Exercise instructions: Below are lines of data; restate word for word those running from the line containing "Stekels/doorns: geen" to the line containing "Onderbeplanting: haag; Liquidambar", inclusive, and no others.

*** Opening Data for analysis ***

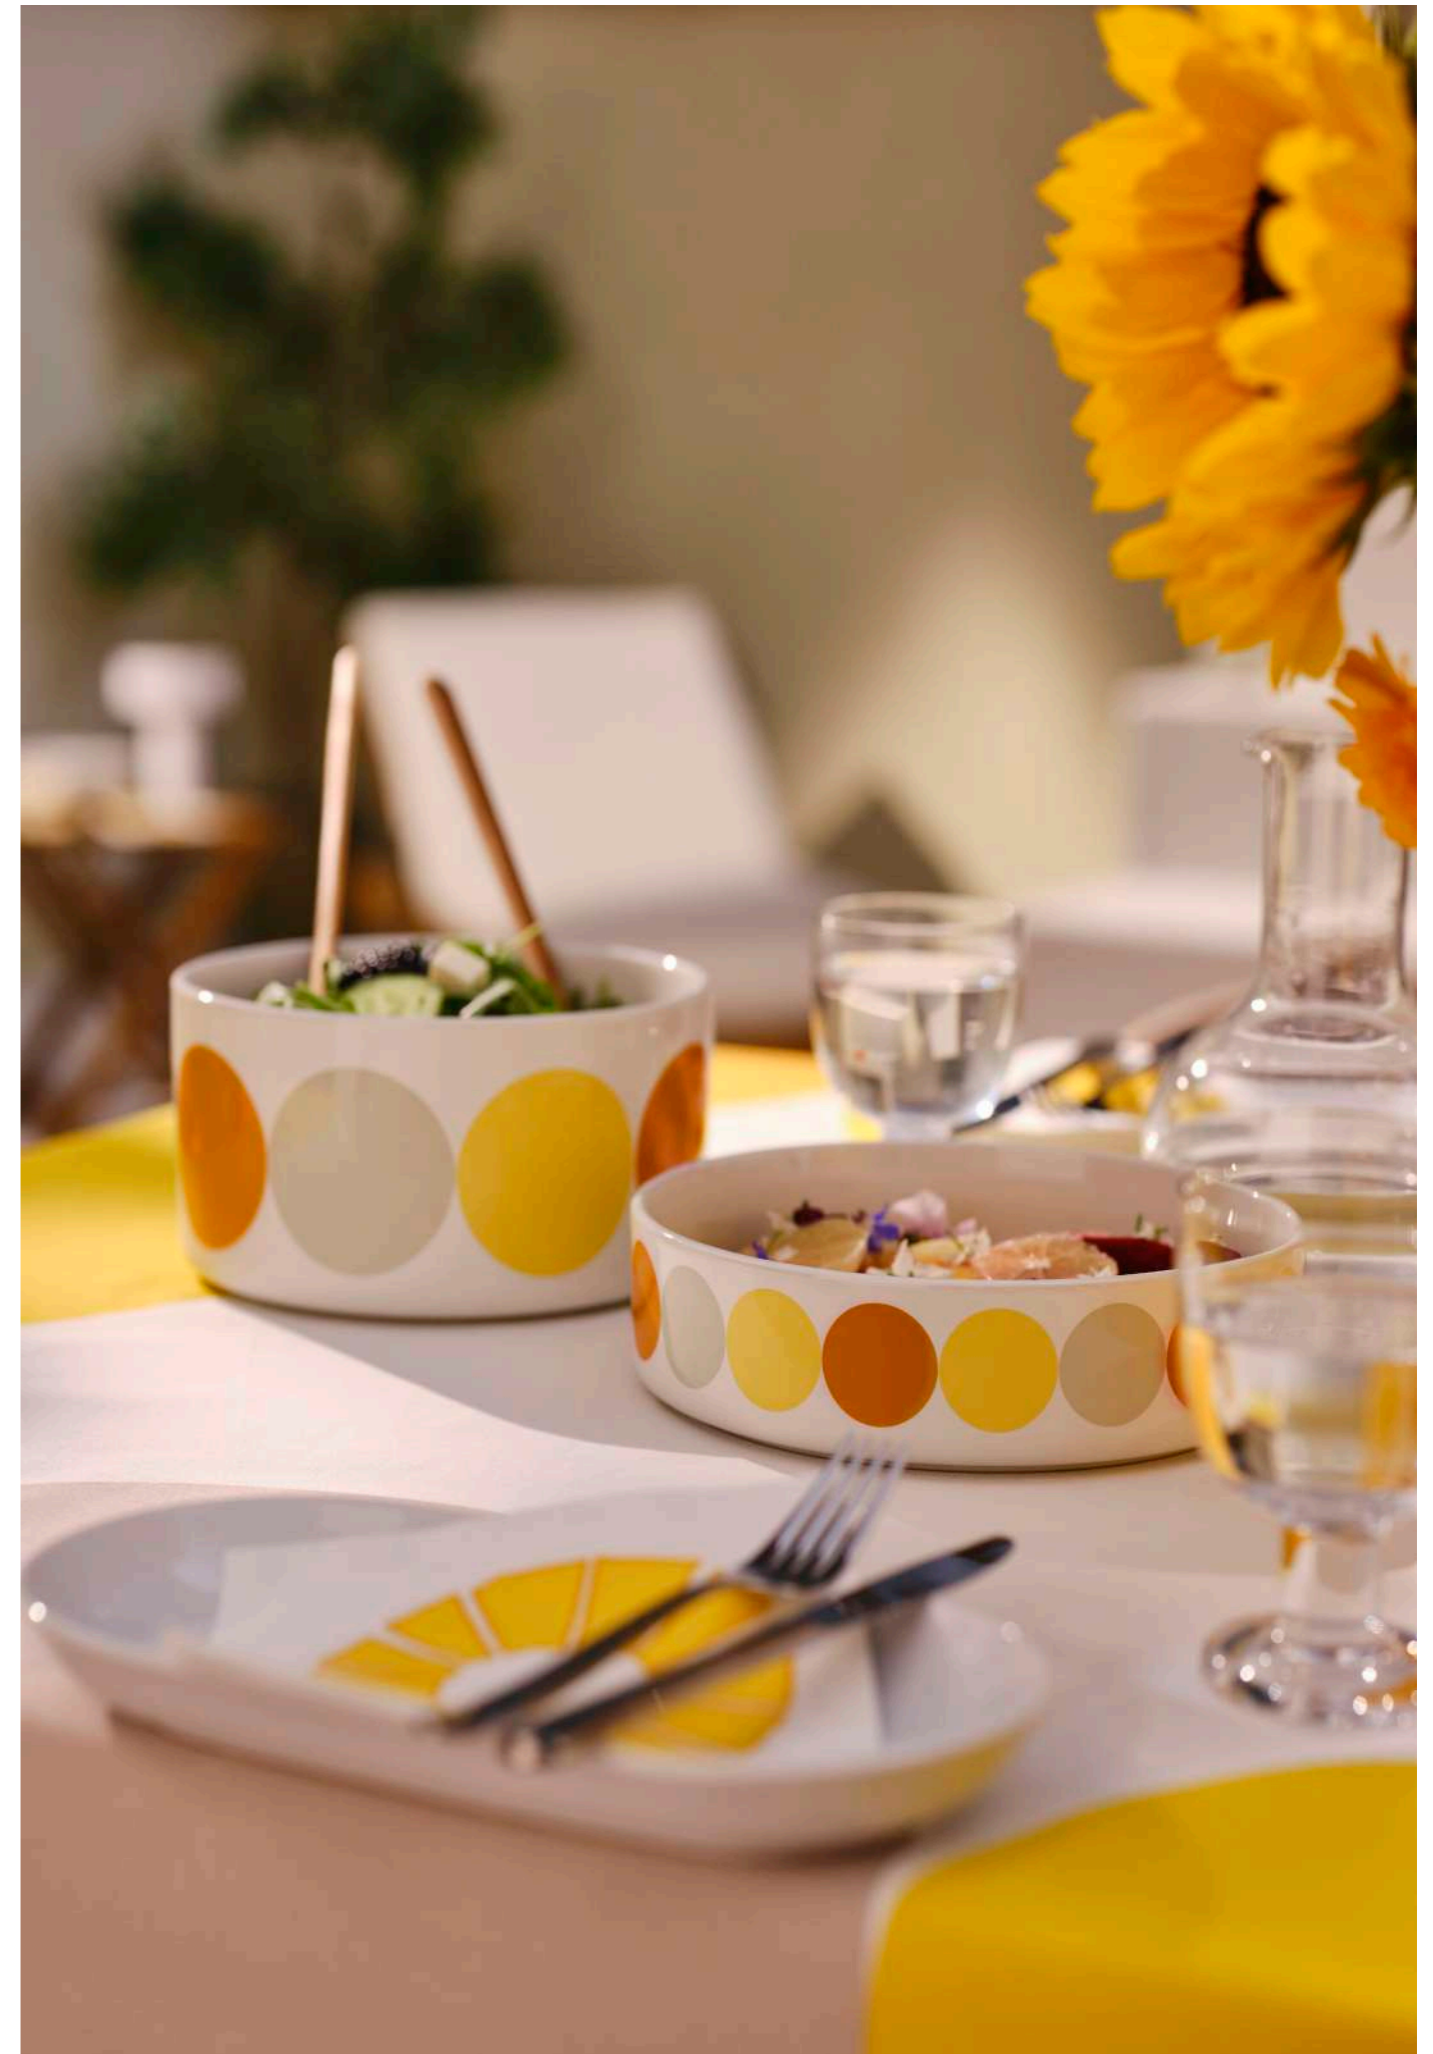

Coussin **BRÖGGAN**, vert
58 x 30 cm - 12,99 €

*** Closing Data for analysis ***
*** Opening Data for analysis ***

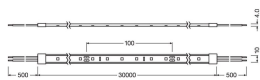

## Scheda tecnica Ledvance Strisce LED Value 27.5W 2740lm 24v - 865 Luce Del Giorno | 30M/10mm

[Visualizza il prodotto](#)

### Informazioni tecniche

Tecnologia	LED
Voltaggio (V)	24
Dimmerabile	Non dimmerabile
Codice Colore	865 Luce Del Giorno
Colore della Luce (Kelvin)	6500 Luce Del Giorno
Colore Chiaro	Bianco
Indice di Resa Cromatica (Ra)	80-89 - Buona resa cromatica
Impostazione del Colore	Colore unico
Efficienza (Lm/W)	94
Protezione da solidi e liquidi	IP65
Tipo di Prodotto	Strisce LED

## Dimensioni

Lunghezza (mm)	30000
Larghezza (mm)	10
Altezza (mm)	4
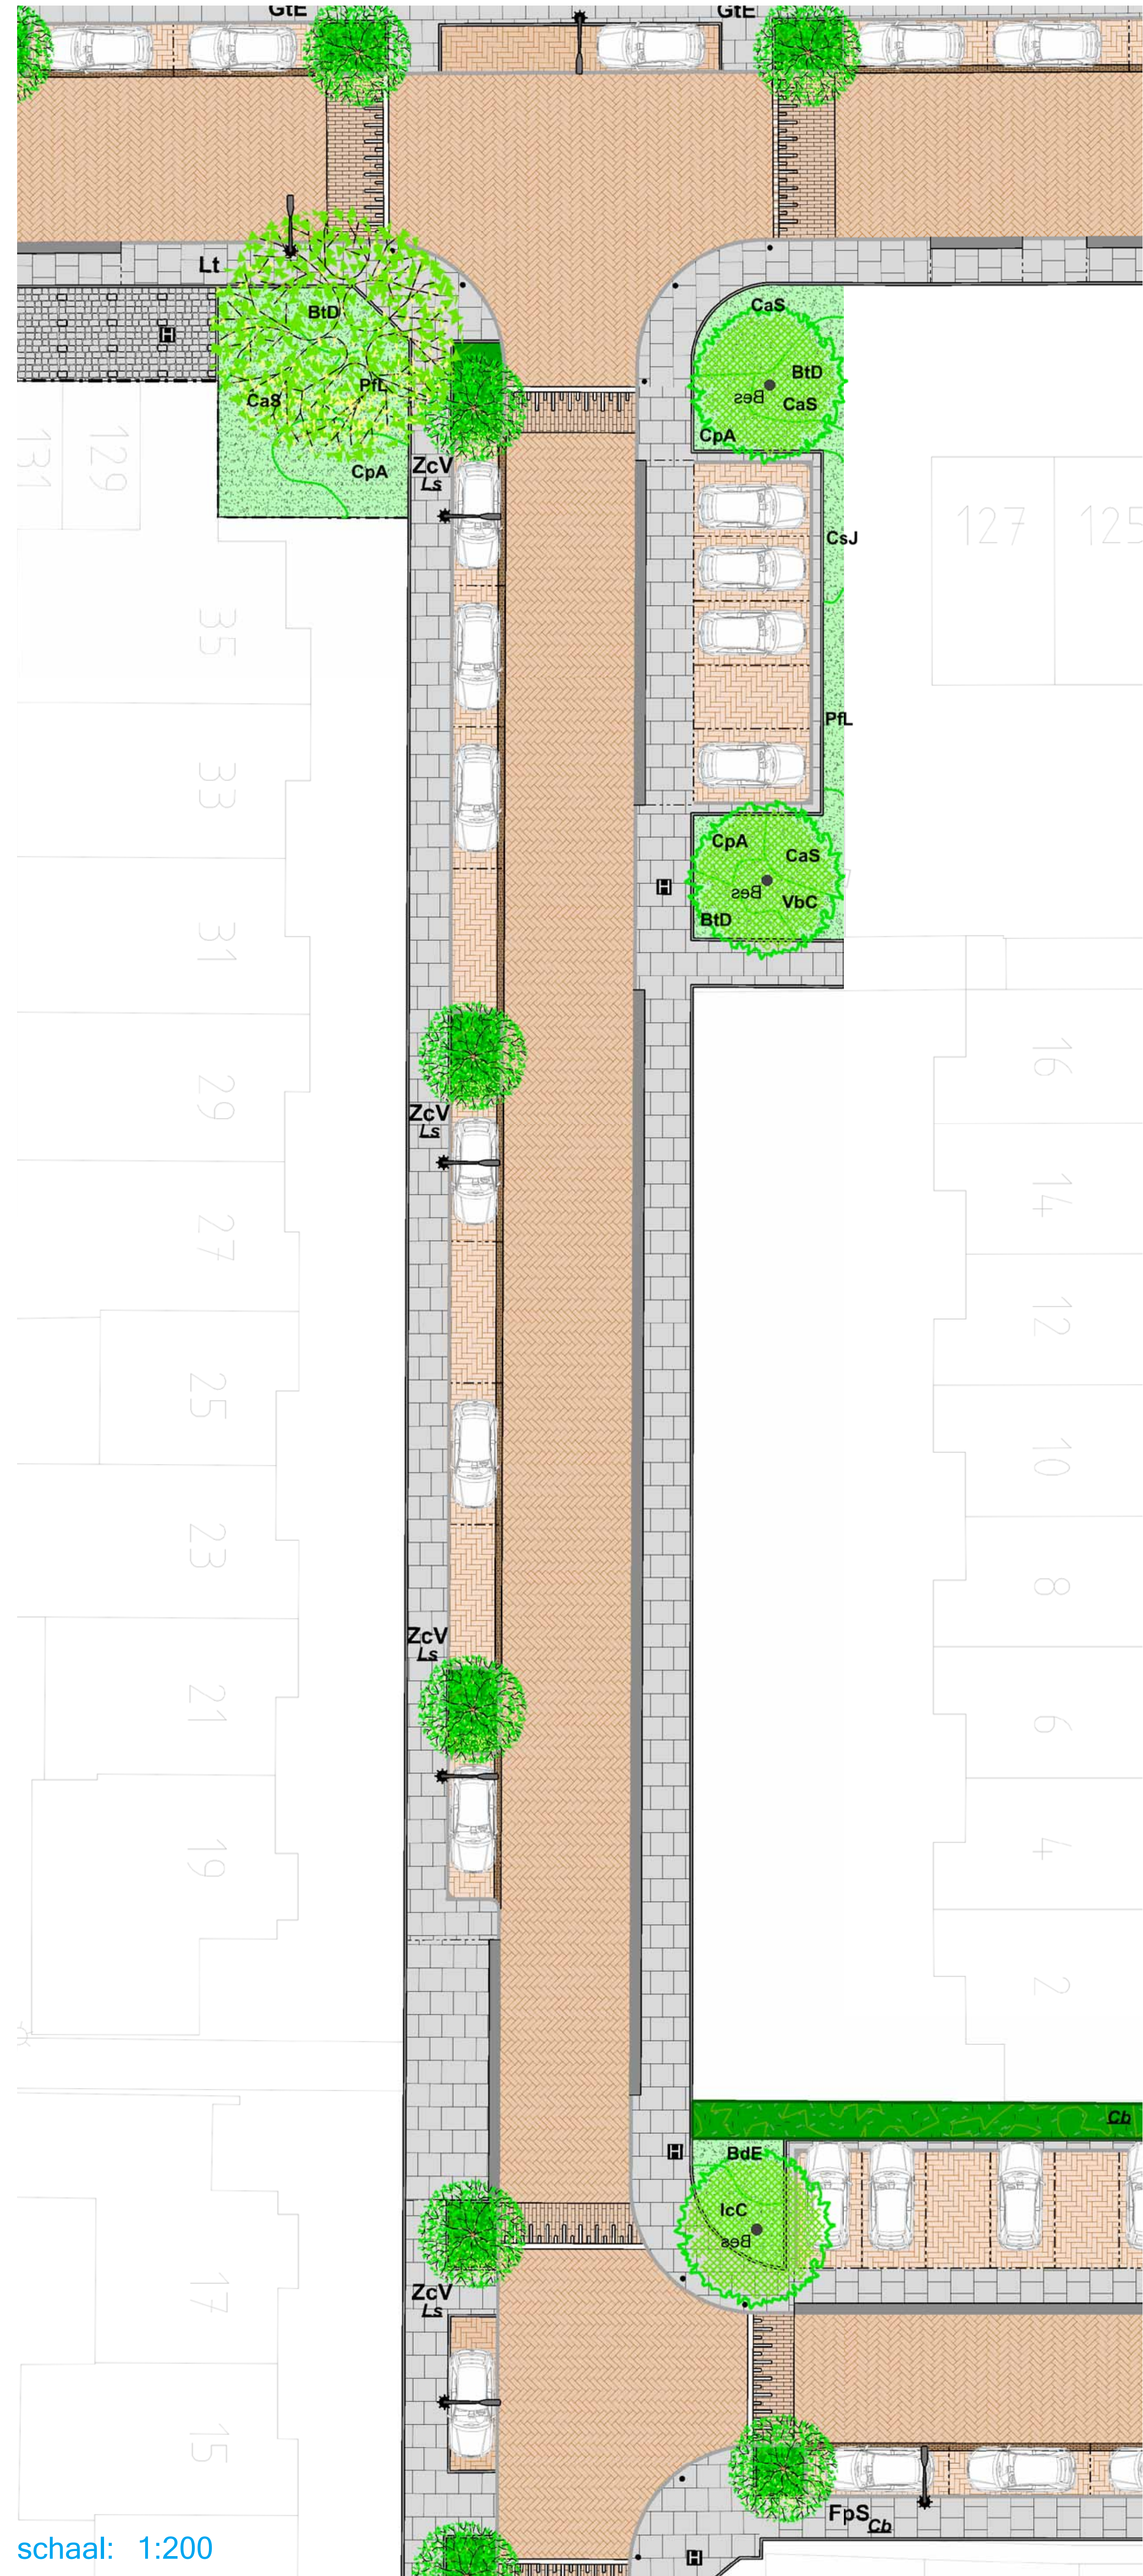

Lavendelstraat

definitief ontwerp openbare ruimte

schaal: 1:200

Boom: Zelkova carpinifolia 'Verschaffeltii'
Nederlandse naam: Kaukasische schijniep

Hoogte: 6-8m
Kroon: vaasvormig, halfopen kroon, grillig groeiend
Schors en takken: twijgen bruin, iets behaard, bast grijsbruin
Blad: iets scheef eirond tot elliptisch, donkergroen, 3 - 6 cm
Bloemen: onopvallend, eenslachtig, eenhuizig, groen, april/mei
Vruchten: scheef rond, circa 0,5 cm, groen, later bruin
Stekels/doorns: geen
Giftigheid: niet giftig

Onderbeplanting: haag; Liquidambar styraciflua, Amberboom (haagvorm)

*** Closing Data for analysis ***
*** Opening Data for analysis ***

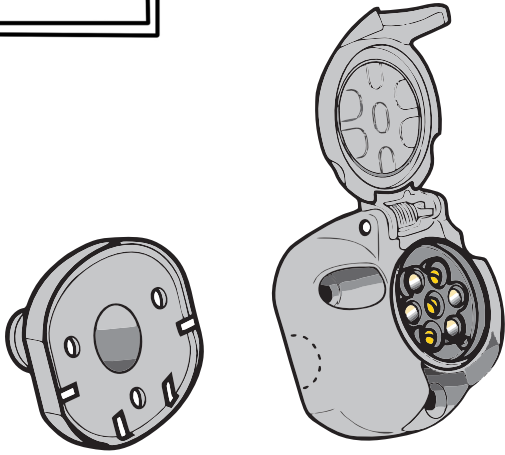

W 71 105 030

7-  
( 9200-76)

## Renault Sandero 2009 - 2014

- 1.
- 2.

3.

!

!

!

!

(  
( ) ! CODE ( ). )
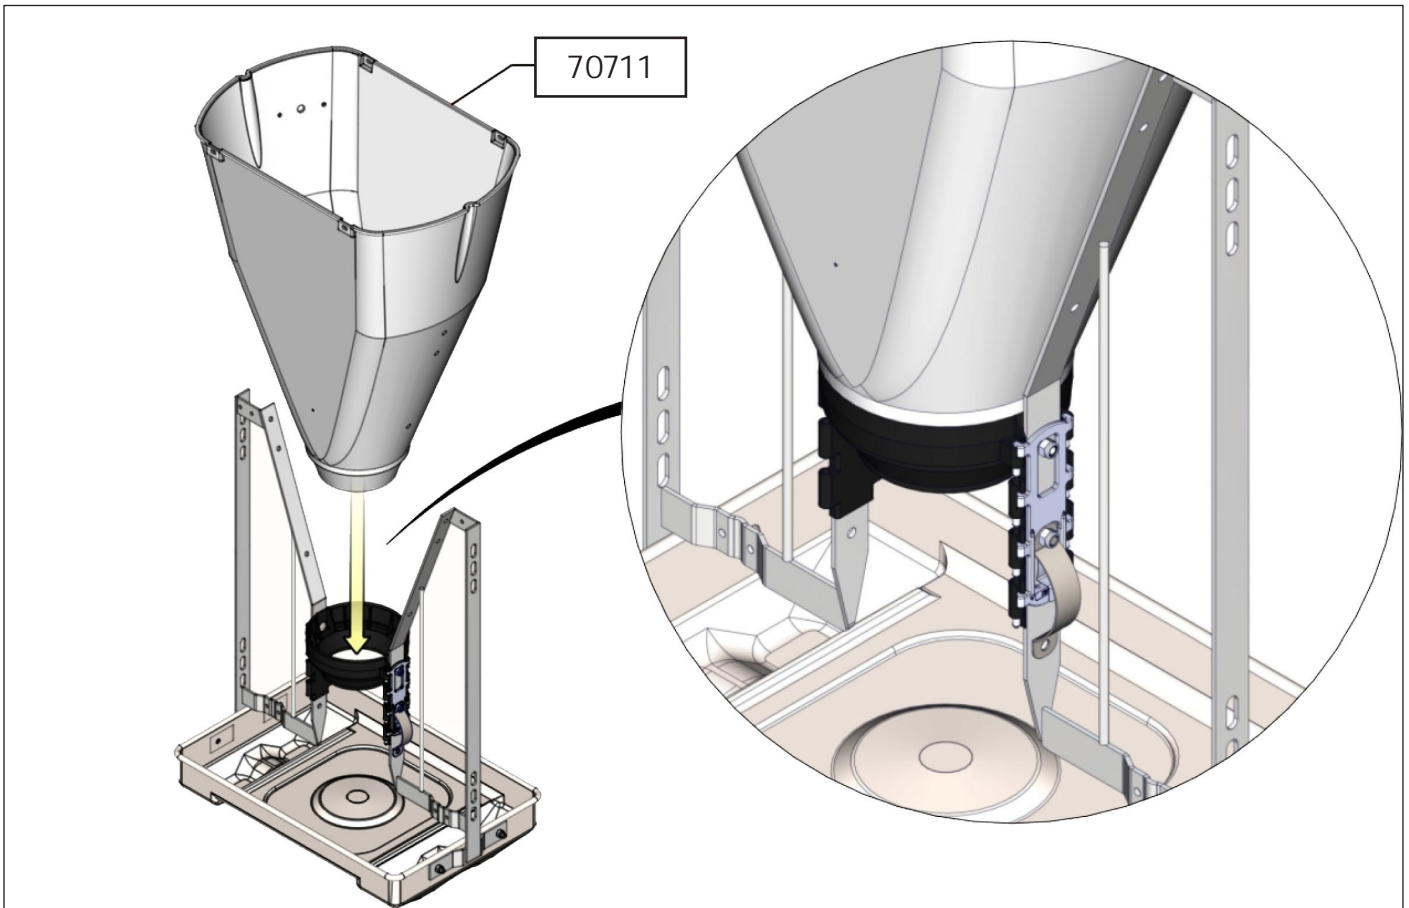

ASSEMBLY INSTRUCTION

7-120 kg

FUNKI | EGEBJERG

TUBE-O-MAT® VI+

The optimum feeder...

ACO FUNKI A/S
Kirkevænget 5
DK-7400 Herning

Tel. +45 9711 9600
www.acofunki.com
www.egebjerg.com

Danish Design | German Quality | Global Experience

*** Closing Data for analysis ***

Exercise result:
Stekels/doorns: geen
Giftigheid: niet giftig

Onderbeplanting: haag; Liquidambar styraciflua, Amberboom (haagvorm)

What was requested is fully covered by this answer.